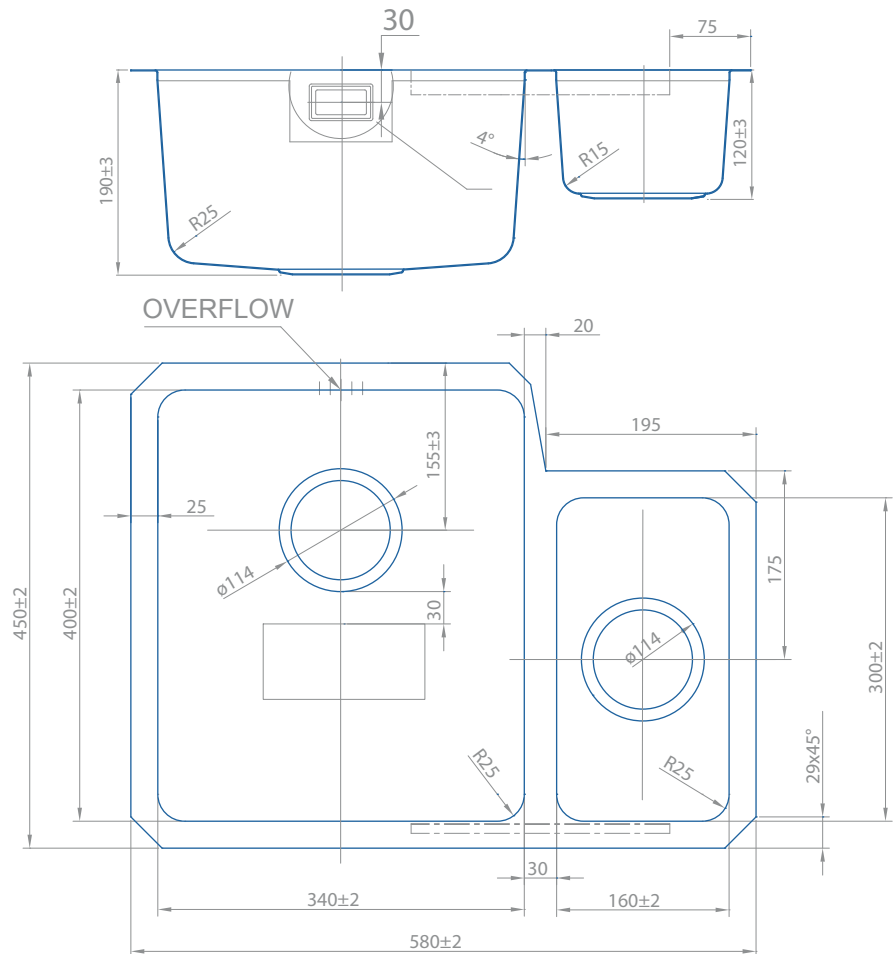

UM2501LH

Rhombus (LH Main Bowl) 1.5 Bowl Undermount

Features

Lifetime Warranty

CE Approved

580mm x 450mm overall size, 190mm deep main bowl

Internal 340mm x 400mm (main bowl)
160mm x 300mm (small bowl)

ss304 (0.8mm) steel, powder coated underside

Supplied complete with wastes and hygienic overflow

Minimum cabinet width required 600mm,

Waste disposal compatible

Waste Kit Code:

UKH040

Overflow specifications

==========

● **YOUR INSTRUCTIONS**
Give again only the lines starting at the one that contains "580mm x 450mm" and running to the end of the data.

● **WRITTEN SOLUTION**
580mm x 450mm overall size, 190mm deep main bowl

Internal 340mm x 400mm (main bowl)
160mm x 300mm (small bowl)

ss304 (0.8mm) steel, powder coated underside

Supplied complete with wastes and hygienic overflow

Minimum cabinet width required 600mm,

Waste disposal compatible

Waste Kit Code:

UKH040

Overflow specifications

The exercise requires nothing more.